Install DeployR Server

The basic installation of DeployR installs the DeployR main server and configure a local H2 database on the same machine. If you wish to use a different database, you can configure DeployR to do so later as described in the steps as follows.

In addition to this basic installation, DeployR Enterprise customers can also use a remote database for DeployR or install additional grid nodes for optimized workload distribution.

The following steps are for installing DeployR Enterprise after installing these dependencies:

  1. Log in to the operating system as root or a user with sudo permissions.

    Examples are written for user deployr-user. For another user, update the commands accordingly.

  2. Create the deployrdownload directory and go to that directory. At the prompt, type:

    mkdir /home/deployr-user/deployrdownload
    cd /home/deployr-user/deployrdownload
    
  3. Find the software, DeployR-Enterprise-Linux-8.0.5.tar.gz from within the Microsoft R Server 2016 package you downloaded in the prerequisites step.

  4. Unzip the tar file contents, go the deployrInstall/installFiles directory, and launch the installation script. At the prompt, type:

    tar -xzf DeployR-Enterprise-Linux-8.0.5.tar.gz
    cd deployrInstall/installFiles
    ./installDeployREnterprise.sh
    
  5. When the installer starts, accept the terms of the agreement to continue.

  6. From the installer menu, choose option 1. This installs the DeployR server along with a local H2 database.

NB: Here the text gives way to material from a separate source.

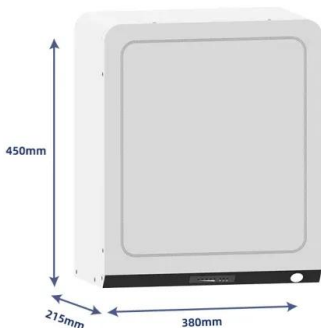

Power Distribution Cabinet

For power distribution requirements of medium to large data centers, Delta's Power Distribution Cabinet (PDC) provides an optimal solution. The space-saving PDC is easy to move and adapt to future reconfigurations of the data center. ...

  7. Follow the remaining onscreen installer prompts. If you are keeping an older version of DeployR on this same machine for the purposes of migrating data, for example, then be sure to install this version in its own directory.

  8. Review and follow these critical post-installation steps. You will not be able to log in to the server until you set a password.

Post Installation Steps

The following steps outline what you need to do after running the DeployR installer.

  1. Set the administrator's password so you can log in to the server and its landing page.

    1. Launch the DeployR Administrator Utility script as root or a user with sudo permissions:

      cd /home/deployr-user/deployr/8.0.5/deployr/tools/ 
      ./adminUtilities.sh
      
    2. From the main menu, choose the option to set a password for the local DeployR admin account.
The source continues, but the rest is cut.